• _What you should do_: The required output is all lines below that contain the word "Final".

[Dataset records]
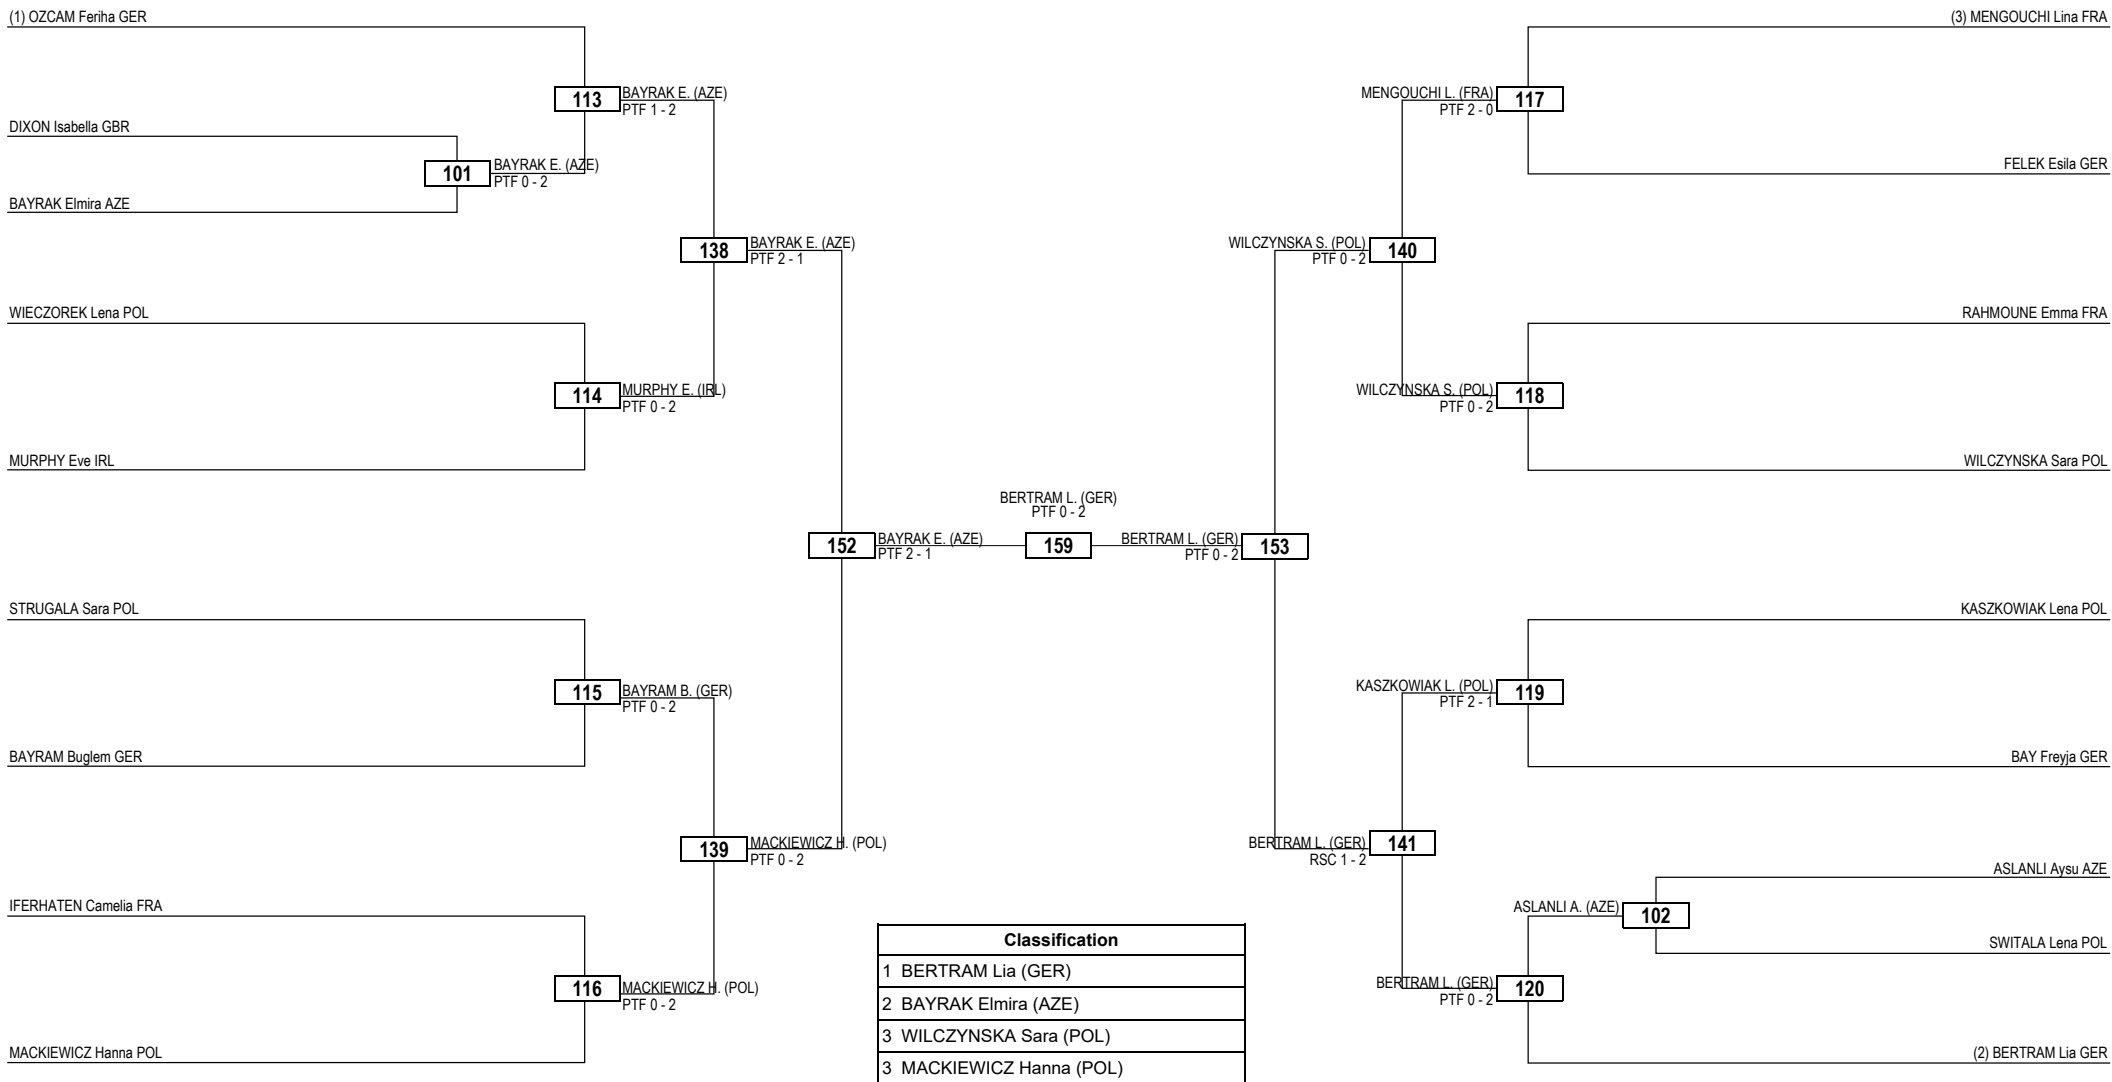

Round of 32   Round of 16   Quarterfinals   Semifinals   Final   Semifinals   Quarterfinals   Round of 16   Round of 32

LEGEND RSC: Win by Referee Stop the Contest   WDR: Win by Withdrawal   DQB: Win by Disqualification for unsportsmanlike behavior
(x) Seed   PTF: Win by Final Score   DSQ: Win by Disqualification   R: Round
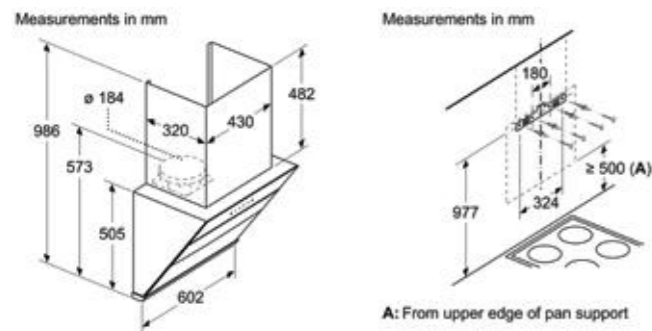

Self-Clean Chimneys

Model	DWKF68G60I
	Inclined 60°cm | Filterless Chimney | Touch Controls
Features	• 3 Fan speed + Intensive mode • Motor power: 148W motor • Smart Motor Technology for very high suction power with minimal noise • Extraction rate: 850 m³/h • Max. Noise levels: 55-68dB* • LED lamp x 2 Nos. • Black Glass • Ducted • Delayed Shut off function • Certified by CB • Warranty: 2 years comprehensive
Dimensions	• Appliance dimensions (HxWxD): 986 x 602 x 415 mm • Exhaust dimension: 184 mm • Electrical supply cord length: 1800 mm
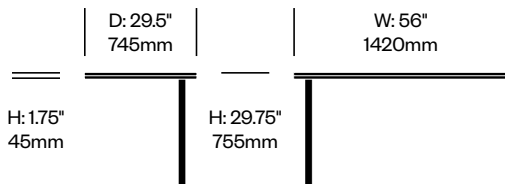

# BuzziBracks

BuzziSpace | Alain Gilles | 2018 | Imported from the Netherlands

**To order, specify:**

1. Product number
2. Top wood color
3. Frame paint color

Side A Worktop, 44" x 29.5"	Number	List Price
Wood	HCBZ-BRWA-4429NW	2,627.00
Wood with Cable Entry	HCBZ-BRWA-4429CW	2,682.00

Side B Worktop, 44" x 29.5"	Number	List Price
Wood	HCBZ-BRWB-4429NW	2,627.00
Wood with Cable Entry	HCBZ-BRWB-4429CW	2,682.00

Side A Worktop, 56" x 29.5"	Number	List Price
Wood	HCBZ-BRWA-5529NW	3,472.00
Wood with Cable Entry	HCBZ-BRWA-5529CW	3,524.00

• _Response_:
Round of 32   Round of 16   Quarterfinals   Semifinals   Final   Semifinals   Quarterfinals   Round of 16   Round of 32
(x) Seed   PTF: Win by Final Score   DSQ: Win by Disqualification   R: Round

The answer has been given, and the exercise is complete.